*** MATERIAL SHOWN ***

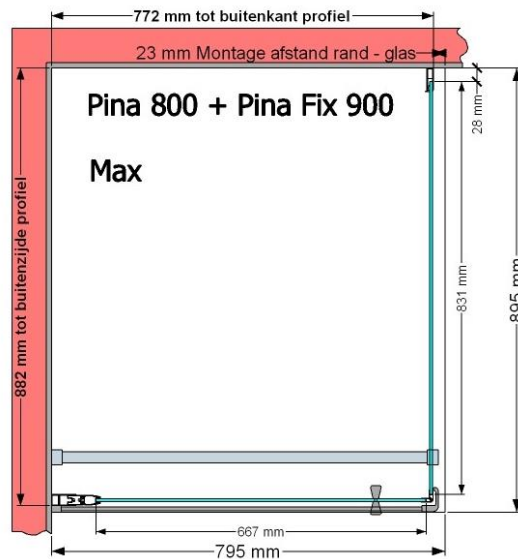

VAN MARCKE – PINA FIX – VASTE WAND – 90 CM

SKU 224544

AFBEELDING

MAATTEKENING

	SKU 224544
Type douchedeur	Vaste wand
Hoogte	200 cm
Materiaal profiel	Aluminium
Uitvoering profiel	Wit
Uitvoering glas	Helder veiligheidsglas
Dikte glas	6 mm
Behandeling glas	Easy Clean
Draairichting	/
Inbouwmaat	875 - 895 mm
Instapbreedte	
Omkeerbaar	Ja
Liftfunctie	Nee
Greep	Nee
Magnetische sluiting	/
Keuringen	CE
Garantie	5 jaar
Frameloze	Nee
Met bevestigingsmateriaal	Ja
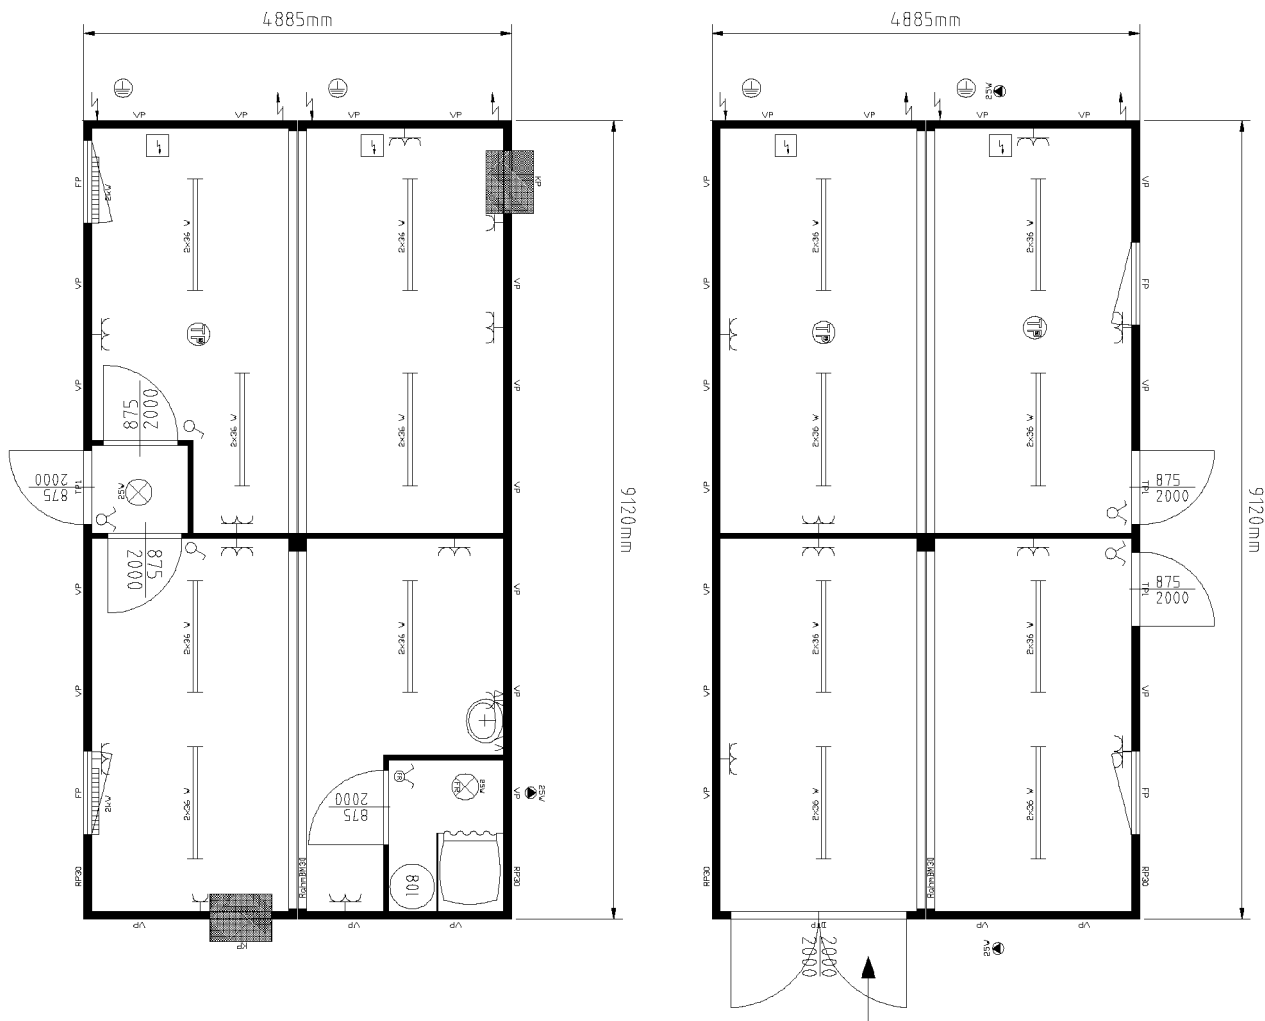

■ **Офис: 4x30'**

Тел.: +38 044 228 77 55
Факс: +38 044 495 25 72 (73)
www.container-stroy.com.ua

Чертеж модульного здания
Модульное здание состоящие из:
Контейнер:4х30'

Тел.: +38 044 228 77 55
 Факс: +38 044 495 25 72 (73)
www.container-stroy.com.ua
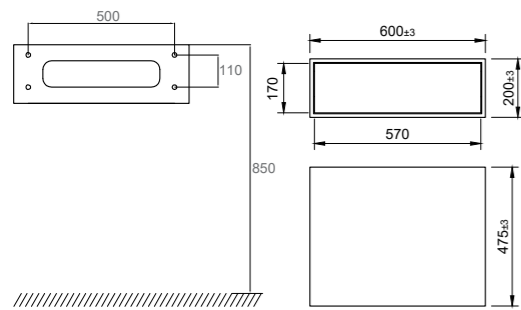

Tuoteno Hinta

46251 € 2639

Lisätietoja osoitteessa scandtap.com
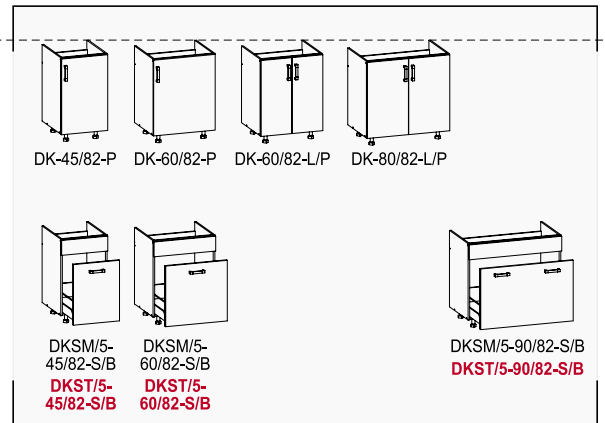

## Bryły szafek. Nowoczesne.

sięga do wysokości **230 cm** + listwa wierzcząca

G-15/95 G-30/95-P G-45/95-P G-60/95-P G-60/95-L/P

G-45/95-PV\* G-60/95-PV\*

sięga do wysokości **207 cm** + listwa wierzcząca

DBZ-56/82

DCX-15/82-C

D1SM/5-30/82-P/S  
**D1ST/5-30/82-P/S**

D1SM/5-45/82-P/S  
**D1ST/5-45/82-P/S**

D1SM/5-60/82-P/S  
**D1ST/5-60/82-P/S**

DSM/5-30/82-S/S  
**DST/5-30/82-S/S**

**DST/5-45/82-S/S**

**DST/5-60/82-S/S**

DKSM/5-45/82-S/B  
**DKST/5-45/82-S/B**

DKSM/5-60/82-S/B  
**DKST/5-60/82-S/B**

DKSM/5-90/82-S/B  
**DKST/5-90/82-S/B**

DKSM/5-90/82-S/B  
**DKST/5-90/82-S/B**

DKSM/5-90/82-S/B  
**DKST/5-90/82-S/B**

DKSM/5-90/82-S/B  
**DKST/5-90/82-S/B**

DKSM/5-90/82-S/B  
**DKST/5-90/82-S/B**

DKSM/5-90/82-S/B  
**DKST/5-90/82-S/B**

pod zlewozmywak

DK-45/82-P DK-60/82-P DK-60/82-L/P DK-80/82-L/P

DKSM/5-45/82-S/B  
**DKST/5-45/82-S/B**

DKSM/5-60/82-S/B  
**DKST/5-60/82-S/B**

*** End of MATERIAL SHOWN ***

§ **WHAT YOU HAVE TO DO**
Nothing should be returned except the lines from the one holding "D1SM/5-45/82-P/S" through the final line of the listing, exactly as they appear.

§ **EXERCISE OUTPUT**
D1SM/5-45/82-P/S  
**D1ST/5-45/82-P/S**

D1SM/5-60/82-P/S  
**D1ST/5-60/82-P/S**

DSM/5-30/82-S/S  
**DST/5-30/82-S/S**

**DST/5-45/82-S/S**

**DST/5-60/82-S/S**

DKSM/5-45/82-S/B  
**DKST/5-45/82-S/B**

DKSM/5-60/82-S/B  
**DKST/5-60/82-S/B**

DKSM/5-90/82-S/B  
**DKST/5-90/82-S/B**

DKSM/5-90/82-S/B  
**DKST/5-90/82-S/B**

DKSM/5-90/82-S/B  
**DKST/5-90/82-S/B**

DKSM/5-90/82-S/B  
**DKST/5-90/82-S/B**

DKSM/5-90/82-S/B  
**DKST/5-90/82-S/B**

DKSM/5-90/82-S/B  
**DKST/5-90/82-S/B**

pod zlewozmywak

DK-45/82-P DK-60/82-P DK-60/82-L/P DK-80/82-L/P

DKSM/5-45/82-S/B  
**DKST/5-45/82-S/B**

DKSM/5-60/82-S/B  
**DKST/5-60/82-S/B**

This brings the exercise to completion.